**Work required:**
Extract the opening line of the entries and every line after it, stopping at and including the line that contains "In presenza di". Do not include pictures.

╭─ Data listing

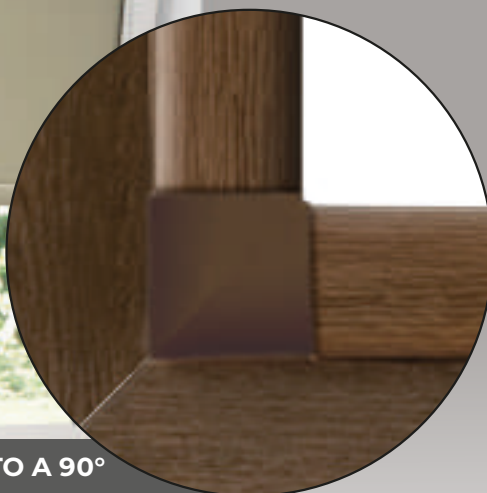

> PERFECTA 90 PLISSÈ - RULLO - CATENA

TENDA TECNICA DA INTERNO FRIZIONATA CON GIUNTO A 90°, DISPONIBILE PLISSETTATA, A RULLO, CON COMANDO A CATENA.

L'ampia gamma di teli oscuranti e filtranti consente l'applicazione in diversi ambienti, con possibilità di abbinamento al colore dell'infisso.

L'installazione è facile e immediata tramite fissaggio con apposite clips posizionate tra vetro e profilo fermavetro, per profondità da 16 a 32 mm.

In presenza di fermavetro con profondità da 33 a 35 mm e oltre 40 mm, è previsto il fissaggio con viti.

Lunghezza catena bianca: 400 mm, 500 mm, 950 mm

Lunghezza catena nera: 950 mm

GIUNTO A 90°

COLORI ACCESSORI NYLON

COLORE CATENA: NERO - BIANCO

COLORI ALLUMINIO RAL STANDARD

* * *

* FINITURA SEMILUCIDA

LEGNO

╰─

**Reply:**
> PERFECTA 90 PLISSÈ - RULLO - CATENA

TENDA TECNICA DA INTERNO FRIZIONATA CON GIUNTO A 90°, DISPONIBILE PLISSETTATA, A RULLO, CON COMANDO A CATENA.

L'ampia gamma di teli oscuranti e filtranti consente l'applicazione in diversi ambienti, con possibilità di abbinamento al colore dell'infisso.

L'installazione è facile e immediata tramite fissaggio con apposite clips posizionate tra vetro e profilo fermavetro, per profondità da 16 a 32 mm.

In presenza di fermavetro con profondità da 33 a 35 mm e oltre 40 mm, è previsto il fissaggio con viti.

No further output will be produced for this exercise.